Environmental injustice reveals that while the changing of our planet’s climate will inevitably impact us all, it will not do so equally.

Our experience of climate change, like much else, is dependent on our race, social standing and income. This is a predictable pattern concerning the world’s privileged and deprived. Not only does it play out globally, but locally too, and in ways so inherent to our society’s architecture that we rarely recognise it as environmental injustice — or suppression upheld by racism.


Communities of colour live on bad land

The Global South already faces some of the most calamitous natural disasters, intensified by carbon-fuelled actions in the Global North. Likewise, within the Anglosphere (the world’s English-speaking nations that share common cultural and historical ties) low-income communities, often made up of people of colour, are more likely to suffer from high levels of pollution. They are also more likely to be situated near factories, chemical plants and landfills, and have limited access to green spaces essential to physical and mental wellbeing — unlike their richer and often whiter counterparts.

The justifications for these communities being disproportionately exposed to toxicity is always economic. From a capitalistic standpoint, it makes sense to have these polluting facilities run on cheaper land on which communities of colour often reside. Robert Bullard, known as the Father of Environmental Justice, refers to these spaces as designated sacrifice zones.

‘Sacrifice zones are often “fenceline communities” of low-income and people of color, or “hot spots” of chemical pollution where residents live immediately adjacent to heavily polluted industries. Quite often, this pattern of unequal protection constitutes environmental racism’.

Sacrifice Zones

Big polluting cities

An estimated two million Americans suffer from asthma, with Black and Hispanic Americans far more likely to live in smog-choked cities, triggering and worsening the condition compared to white Americans. This difference in the quality of living conditions leads to vastly different experiences of water and air, as well as unequal health outcomes.

Similarly, in the UK, my own home of Tower Hamlets in East London, a densely populated area with a large immigrant South Asian community, has been hardest hit in terms of air pollution amongst all the London boroughs. This is an observable pattern throughout the city, argues Andrea Lee, Clean Air Campaigns Manager from Client Earth:

‘socio-economically disadvantaged [areas] are often those worst affected by air pollution’.

This dire situation constituting a public health crisis was starkly exposed when the Royal College of Physicians reported that, ‘around 40,000 deaths in the UK per year are attributed to outdoor exposure to air pollution’.

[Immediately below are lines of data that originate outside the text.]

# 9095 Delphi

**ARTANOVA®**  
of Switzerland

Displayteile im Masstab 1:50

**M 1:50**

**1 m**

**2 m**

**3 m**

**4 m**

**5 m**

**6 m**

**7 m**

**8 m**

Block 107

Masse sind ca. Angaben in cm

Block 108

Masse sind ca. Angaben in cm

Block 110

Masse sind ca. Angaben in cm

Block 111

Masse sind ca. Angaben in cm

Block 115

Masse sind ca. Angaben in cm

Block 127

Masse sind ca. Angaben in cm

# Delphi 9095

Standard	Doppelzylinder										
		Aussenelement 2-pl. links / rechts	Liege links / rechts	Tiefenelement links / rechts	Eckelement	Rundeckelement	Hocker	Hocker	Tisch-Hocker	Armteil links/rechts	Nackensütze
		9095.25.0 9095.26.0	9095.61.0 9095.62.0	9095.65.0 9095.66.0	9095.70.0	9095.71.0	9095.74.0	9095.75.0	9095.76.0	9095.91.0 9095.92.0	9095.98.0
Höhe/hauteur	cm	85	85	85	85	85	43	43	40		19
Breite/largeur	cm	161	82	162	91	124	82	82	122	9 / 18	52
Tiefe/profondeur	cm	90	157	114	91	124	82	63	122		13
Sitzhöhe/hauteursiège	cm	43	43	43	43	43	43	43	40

Environmental injustice feeds Covid

If we couple this already grievous state of affairs with the current pandemic, where those infected with coronavirus will experience mild to moderate respiratory illness, then the impact of existing environmental injustices such as high levels of air pollution in certain communities will ‘lead to a larger increase in the Covid-19 infectivity and mortality rate’, as found in a January 2021 study (focusing on England) in the journal Environmental Pollution. However, another study from October 2020, published in the Cardiovascular Research journal, looked into the global contributions to risk of death from Covid-19 and reported that: ‘particulate air pollution contributed 15% to COVID-19 mortality worldwide’.

As awareness of this inequity grows, community activists have taken the lead in resisting environmental injustice — sometimes at risk to themselves. Recently, Chicago residents in the Southeast Side have taken on a hunger strike to combat the opening of a metal recycling plant on the already highly polluted area, largely made up of Black and Latino people. Voicing their grievance, they said: ‘the plant uses machines known to produce dangerous dust […] in a community that already has high levels of respiratory illness’.

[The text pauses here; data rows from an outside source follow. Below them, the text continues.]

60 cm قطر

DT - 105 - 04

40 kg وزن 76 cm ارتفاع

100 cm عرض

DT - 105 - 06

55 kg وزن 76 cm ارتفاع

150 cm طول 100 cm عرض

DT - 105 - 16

Like many of our fights for equality, if we do not acknowledge the structures that uphold disparities we cannot begin to change them. Environmental justice needs to be seen as part and parcel of social justice; a vital element to consider in the dismantling and rebalancing of power, in order to demand proper protection for communities of colour and working-class areas. From restricting the expansion of polluting facilities to raising awareness of deadly air pollution levels and empowering at-risk communities to be part of the decision-making, there are overarching and essential changes that can be made to impede the disastrous impact environmental injustice carries.